*PROBLEM STATEMENT*:
Report every line below that has the string "TACKER" in it.

*Stored dataset items*:
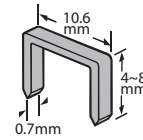

STAPLER

- ARROW® JT-21
- ESCO #530
- KWB #053
- NOVUS #53
- RAPID #53
- ROCAFIX #3
- STANLEY #A/53
- JANN YEI : 1006F, 1008F

- RAPID #13
- JANN YEI : 906F, 908F

- Strong & Durable, >= 200,000 Duty Cycle
- Movable Stitch Base to Staple Book
- Suitable For Various Type of Staples

STAPLE GUN TACKER

Code	Size (IN)	Length	Staple	Packing
544-04-231	6	151mm	4~8mm	20/40

- ARROW JT-21
- ESCO # 530
- KWB # 053
- NOVUS # 53
- RAPID # 53
- ROCAFIX # 3
- STANLEY # A/53
- JANN YEI : 1006F, 1008F, 1010F, 1012F, 1014F

- 18 GAUGE GRAD NAIL
- ARROW® 1810
- ESCO #300
- NOVUS #J
- ROCAFIX #8
- JANN YEI : T14

- ARROW T25
- NOVUS # J-19L
- RAPID # 36
- ROCAFIX # 7
- JANN YEI : 710, 712, 714

- JANN YEI : PIN 14

U468 4 WAY STAPLE GUN TACKER

Code	Size (IN)	Length	Staple	Packing
544-04-468	7.5	190mm	6~14mm	10/40

- ARROW® JT-21
- ESCO #530
- KWB #053
- NOVUS #53
- RAPID #53
- ROCAFIX #3
- STANLEY #A/53
- JANN YEI : 1006F, 1008F, 1010F

- RAPID #13
- JANN YEI : 906F, 908F, 910F

- #24/6-14MM
- MAX #3
- JANN YEI : 1206F, 1208F

- 18 GAUGE GRAD NAIL
- ARROW® 1810
- ESCO #300
- NOVUS #J
- ROCAFIX #8
- JANN YEI : T15

- #23/6~14mm

2 IN 1 STAPLE GUN TACKER (Improve Version)

- The Impact Power Level Can Be Adjusted To Suit On Hard & Soft Wood (Fig.1)
- Strong & Durable, >= 200,000 Duty Cycle

- Movable Stitch Base to Staple Book
- Suitable For Various Type of Staples

Code	Size (IN)	Length	Staple	Packing
544-04-231	6	151mm	4~8mm	20/40

U STAPLE PIN

Code	Size (MM)	Pcs/Box	Packing
156484	36/10	5000	30

*RESPONSE TO THIS EXERCISE*:
STAPLE GUN TACKER
U468 4 WAY STAPLE GUN TACKER
2 IN 1 STAPLE GUN TACKER (Improve Version)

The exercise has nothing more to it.